### What is required
Using "TAPPING" as the search string, find the matching lines below and copy them.

(Excerpts from a dataset)
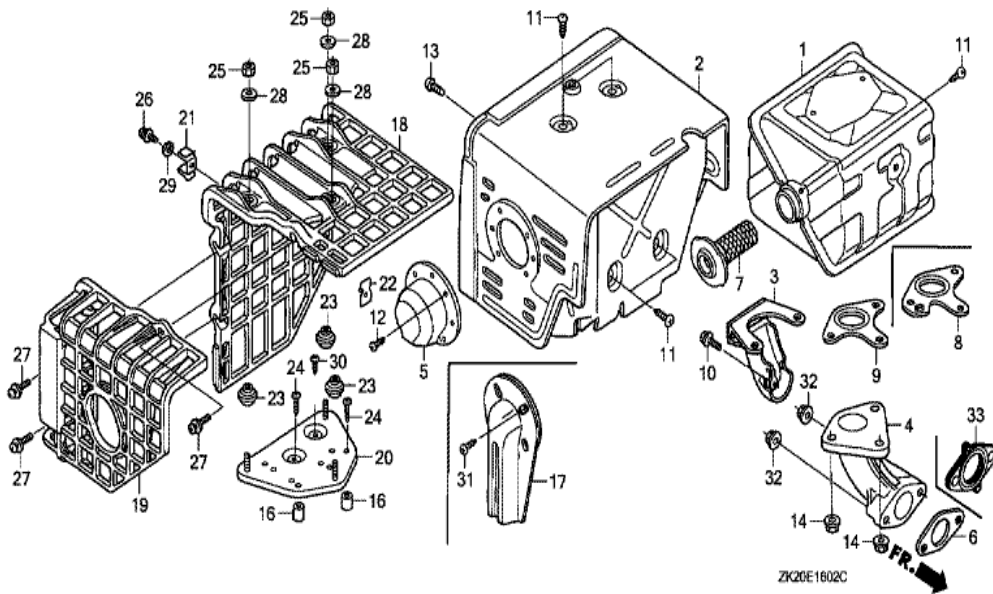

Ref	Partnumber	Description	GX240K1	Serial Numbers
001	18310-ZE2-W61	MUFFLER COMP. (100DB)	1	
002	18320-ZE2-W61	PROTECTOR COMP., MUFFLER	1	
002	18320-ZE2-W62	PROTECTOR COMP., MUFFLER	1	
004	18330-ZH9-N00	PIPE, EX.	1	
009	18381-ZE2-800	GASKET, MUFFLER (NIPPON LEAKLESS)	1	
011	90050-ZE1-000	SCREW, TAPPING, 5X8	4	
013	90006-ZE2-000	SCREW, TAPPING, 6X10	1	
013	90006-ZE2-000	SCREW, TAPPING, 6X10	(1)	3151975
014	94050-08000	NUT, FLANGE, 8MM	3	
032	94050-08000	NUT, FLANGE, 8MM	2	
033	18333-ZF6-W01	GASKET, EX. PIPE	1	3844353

### Answer
011	90050-ZE1-000	SCREW, TAPPING, 5X8	4	
013	90006-ZE2-000	SCREW, TAPPING, 6X10	1	
013	90006-ZE2-000	SCREW, TAPPING, 6X10	(1)	3151975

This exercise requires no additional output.